[Items from a data source]
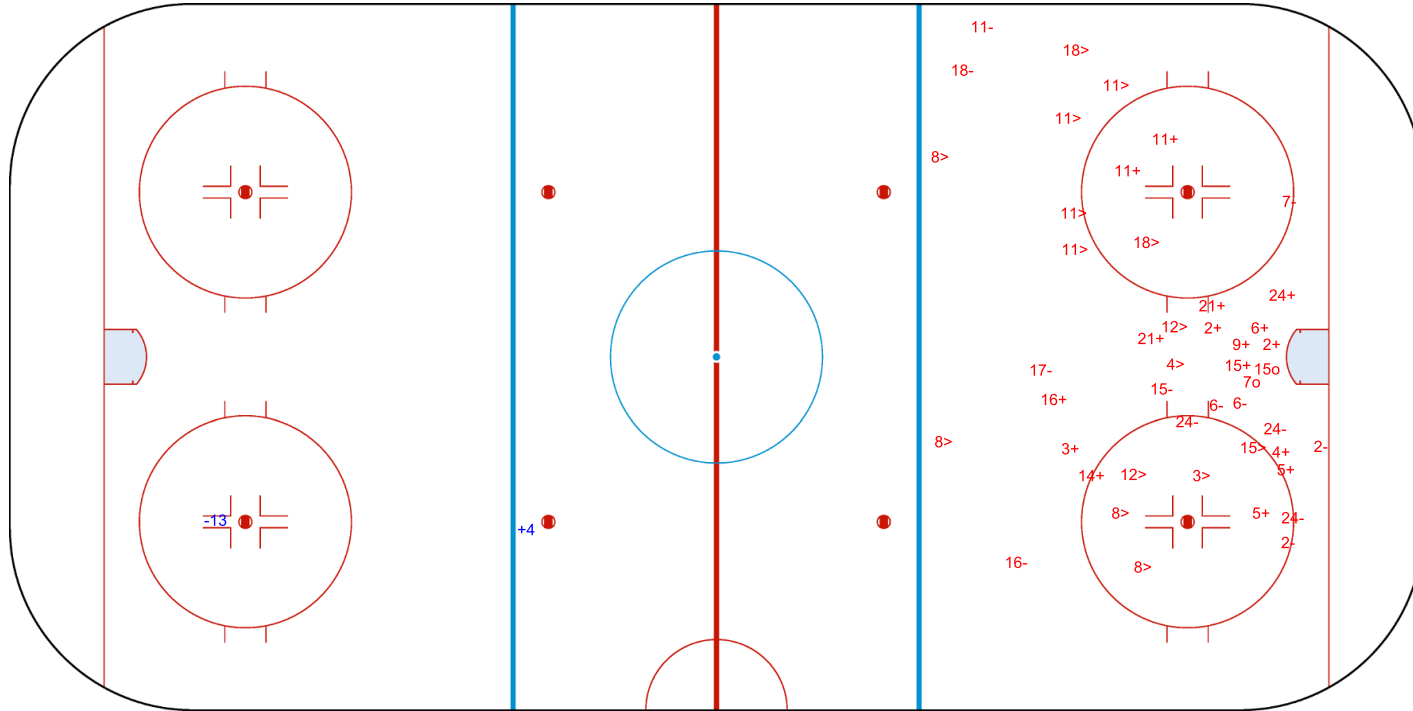

Goals (o): 0 SSG (+): 1
SSP (<): 0 SPG (-): 1

GK 25 of TUR

TUR → 3rd Period ← RSA

Shots by TUR

Goals (o): 2 SSG (+): 16
SSP (>): 15 SPG (-): 13

GK 1 of RSA

Legend:					
GK	Goalkeeper	SPG	Shots past goal	SSG	Shots saved by goalkeeper
				SSP	Shots saved by player

### What to work on
Return a copy of each line in the entries that carries the string "saved".

### Written solution
GK	Goalkeeper	SPG	Shots past goal	SSG	Shots saved by goalkeeper
				SSP	Shots saved by player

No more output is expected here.